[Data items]
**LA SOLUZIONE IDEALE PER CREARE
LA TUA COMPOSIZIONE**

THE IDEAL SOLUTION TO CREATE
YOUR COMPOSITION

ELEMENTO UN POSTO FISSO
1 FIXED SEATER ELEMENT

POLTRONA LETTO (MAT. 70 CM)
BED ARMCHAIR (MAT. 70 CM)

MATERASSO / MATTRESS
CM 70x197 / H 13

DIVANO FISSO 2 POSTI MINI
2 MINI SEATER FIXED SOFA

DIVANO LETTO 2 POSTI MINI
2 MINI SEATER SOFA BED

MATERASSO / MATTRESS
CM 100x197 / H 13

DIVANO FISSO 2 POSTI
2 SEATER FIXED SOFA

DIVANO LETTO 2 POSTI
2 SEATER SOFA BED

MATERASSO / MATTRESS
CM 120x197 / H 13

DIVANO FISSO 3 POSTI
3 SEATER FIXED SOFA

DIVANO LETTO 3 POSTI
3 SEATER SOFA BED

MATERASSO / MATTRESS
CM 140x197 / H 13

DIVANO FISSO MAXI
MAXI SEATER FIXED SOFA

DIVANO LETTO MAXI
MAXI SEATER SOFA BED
...
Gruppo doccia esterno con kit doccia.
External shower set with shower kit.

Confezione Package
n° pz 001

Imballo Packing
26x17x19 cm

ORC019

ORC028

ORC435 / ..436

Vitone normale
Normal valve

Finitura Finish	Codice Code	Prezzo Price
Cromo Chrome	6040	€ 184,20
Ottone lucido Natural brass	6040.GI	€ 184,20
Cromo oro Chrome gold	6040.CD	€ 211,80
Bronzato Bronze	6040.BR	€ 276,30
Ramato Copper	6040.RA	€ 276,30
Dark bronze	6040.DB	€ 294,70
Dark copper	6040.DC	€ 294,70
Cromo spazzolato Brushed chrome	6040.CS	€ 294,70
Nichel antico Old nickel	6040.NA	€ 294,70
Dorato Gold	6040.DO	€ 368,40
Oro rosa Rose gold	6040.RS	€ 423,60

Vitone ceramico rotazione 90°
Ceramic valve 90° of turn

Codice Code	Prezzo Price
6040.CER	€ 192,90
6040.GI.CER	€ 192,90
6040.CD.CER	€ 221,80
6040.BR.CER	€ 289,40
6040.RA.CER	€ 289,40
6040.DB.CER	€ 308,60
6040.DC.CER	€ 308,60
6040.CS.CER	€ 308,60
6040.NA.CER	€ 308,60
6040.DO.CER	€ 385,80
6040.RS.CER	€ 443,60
---
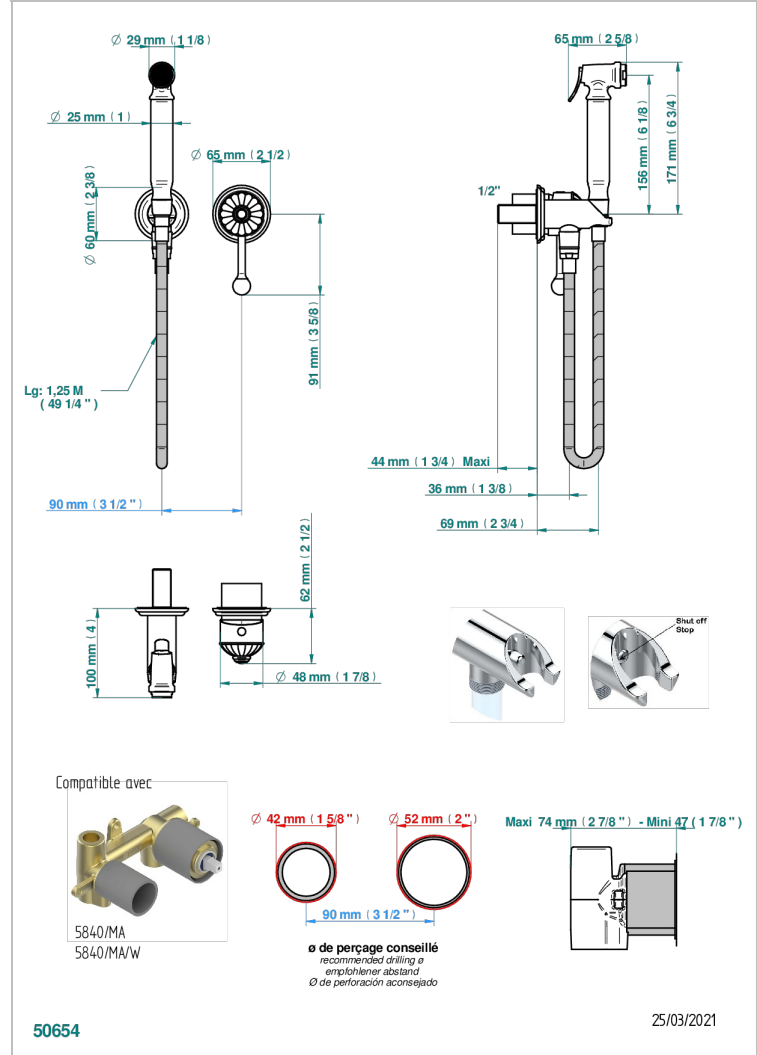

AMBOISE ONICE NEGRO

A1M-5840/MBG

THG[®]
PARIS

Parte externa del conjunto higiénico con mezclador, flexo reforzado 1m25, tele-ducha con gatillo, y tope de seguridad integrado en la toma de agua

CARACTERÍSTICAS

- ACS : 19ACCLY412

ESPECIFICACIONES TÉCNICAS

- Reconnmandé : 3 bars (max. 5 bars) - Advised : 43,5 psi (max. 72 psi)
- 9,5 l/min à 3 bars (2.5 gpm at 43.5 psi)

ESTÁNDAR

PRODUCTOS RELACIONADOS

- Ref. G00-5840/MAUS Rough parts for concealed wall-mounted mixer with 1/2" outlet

**The task:**
Of the entries above, transcribe exactly those lines that fall between the line containing "IDEALE PER CREARE" and the line containing "3 SEATER SOFA BED", together with those two lines.

**Solution for this problem:**
**LA SOLUZIONE IDEALE PER CREARE
LA TUA COMPOSIZIONE**

THE IDEAL SOLUTION TO CREATE
YOUR COMPOSITION

ELEMENTO UN POSTO FISSO
1 FIXED SEATER ELEMENT

POLTRONA LETTO (MAT. 70 CM)
BED ARMCHAIR (MAT. 70 CM)

MATERASSO / MATTRESS
CM 70x197 / H 13

DIVANO FISSO 2 POSTI MINI
2 MINI SEATER FIXED SOFA

DIVANO LETTO 2 POSTI MINI
2 MINI SEATER SOFA BED

MATERASSO / MATTRESS
CM 100x197 / H 13

DIVANO FISSO 2 POSTI
2 SEATER FIXED SOFA

DIVANO LETTO 2 POSTI
2 SEATER SOFA BED

MATERASSO / MATTRESS
CM 120x197 / H 13

DIVANO FISSO 3 POSTI
3 SEATER FIXED SOFA

DIVANO LETTO 3 POSTI
3 SEATER SOFA BED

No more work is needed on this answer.